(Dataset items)
Content starts
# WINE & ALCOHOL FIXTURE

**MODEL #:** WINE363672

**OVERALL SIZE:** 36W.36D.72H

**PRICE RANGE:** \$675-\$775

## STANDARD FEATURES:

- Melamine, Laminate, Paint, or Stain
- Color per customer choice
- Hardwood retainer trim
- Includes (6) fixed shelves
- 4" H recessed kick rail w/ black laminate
Content ends
Content starts
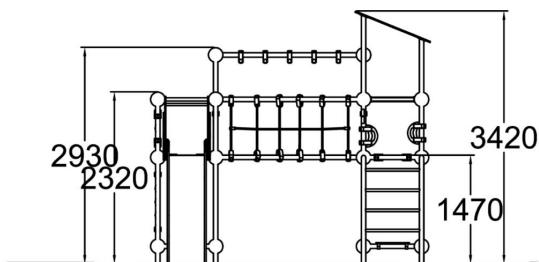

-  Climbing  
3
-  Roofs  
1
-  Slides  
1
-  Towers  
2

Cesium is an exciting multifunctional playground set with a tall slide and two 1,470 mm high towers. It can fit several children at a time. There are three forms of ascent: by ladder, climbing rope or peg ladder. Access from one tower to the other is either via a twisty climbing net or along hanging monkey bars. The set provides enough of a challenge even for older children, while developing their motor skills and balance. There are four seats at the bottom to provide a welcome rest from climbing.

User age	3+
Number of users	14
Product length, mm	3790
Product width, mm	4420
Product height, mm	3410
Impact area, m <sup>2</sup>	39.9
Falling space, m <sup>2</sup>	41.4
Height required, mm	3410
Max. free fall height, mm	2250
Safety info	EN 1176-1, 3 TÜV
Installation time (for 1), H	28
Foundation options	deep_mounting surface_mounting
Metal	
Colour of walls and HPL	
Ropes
Content ends
Content starts
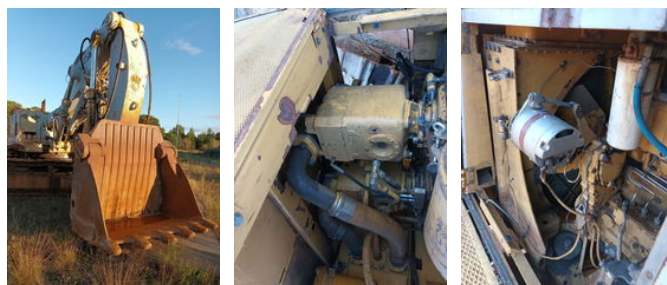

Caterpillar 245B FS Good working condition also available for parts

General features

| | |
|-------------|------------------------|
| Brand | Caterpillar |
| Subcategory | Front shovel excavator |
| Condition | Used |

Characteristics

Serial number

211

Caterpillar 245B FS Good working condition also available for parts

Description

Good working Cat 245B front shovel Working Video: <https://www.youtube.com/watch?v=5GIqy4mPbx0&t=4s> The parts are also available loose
Content ends
Copy each line in the data that holds the word "Product".

• Completed exercise
Product length, mm	3790
Product width, mm	4420
Product height, mm	3410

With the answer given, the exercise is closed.